### Input

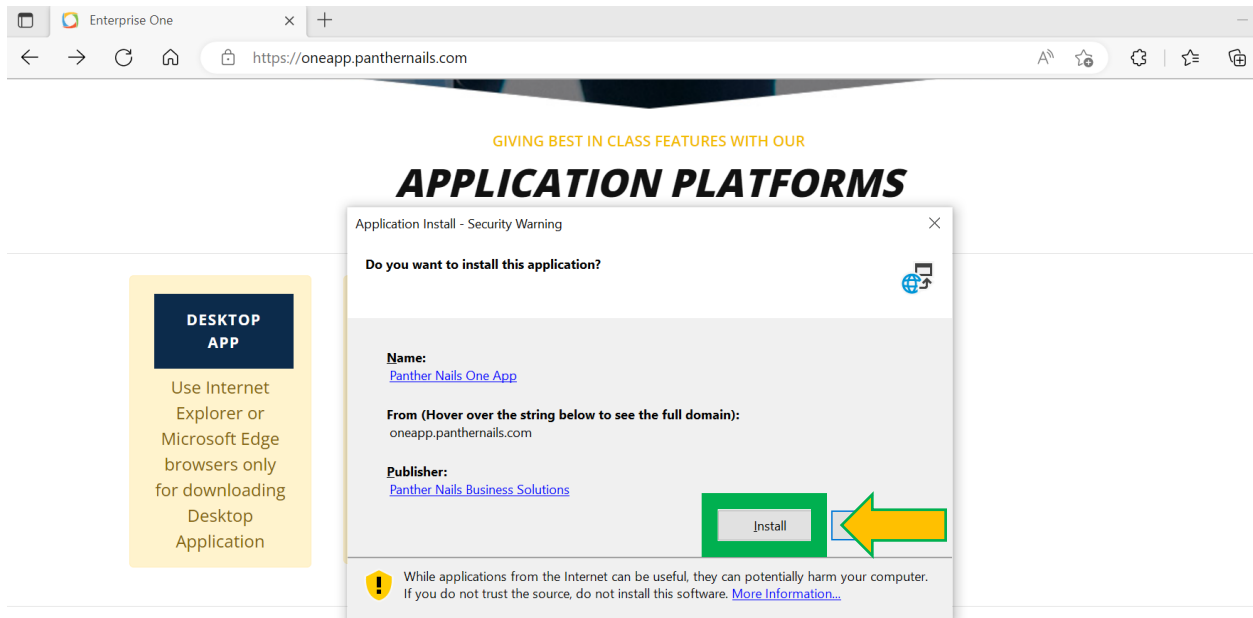

How to Install Panther Nails Web App/Excel Add in

Open Microsoft Edge  or internet Explorer 

Type in search bar - <https://oneapp.panthernails.com/>

Scroll below for application Platform and **Click Desktop App**

Click on Open

After opening click on install POP UP

After Installation Complete Defender Will Ask to run the program **click More info** and Run Anyway the Program

Application Login Screen for user login
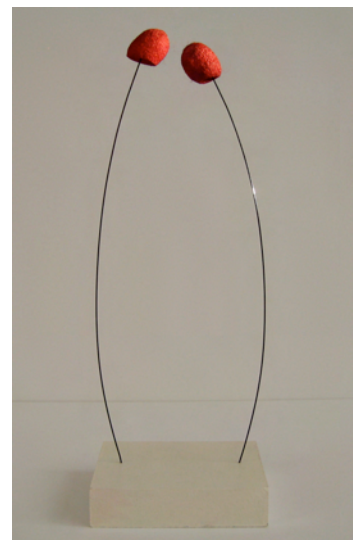

' I AM MORE TOLERANT
THAN YOU '
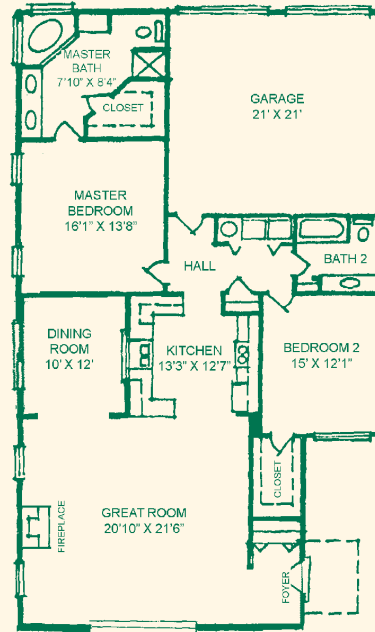

Cambridge

Number of Stories

1

Living Space (Sq. Ft.)

1,627 sq. ft.

Garage Type/Sq. Ft.

2-car/441 sq. ft.

Elevation – Alternative A

Elevation – Alternative B

Elevation – Alternative C

Floorplan

Floorplan with Porch

Actual Dimensions may vary.
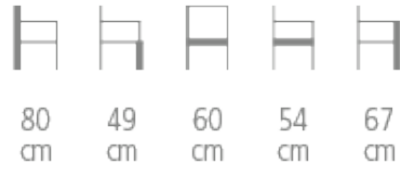

Pause

Ref. 2021

PAUSE CHAIR - DESIGN FRED RIEFFEL

######

**About this exercise**: Identify each line in the entries with the word "Type" and copy it.

**Finished exercise**:
Type in search bar - <https://oneapp.panthernails.com/>
Garage Type/Sq. Ft.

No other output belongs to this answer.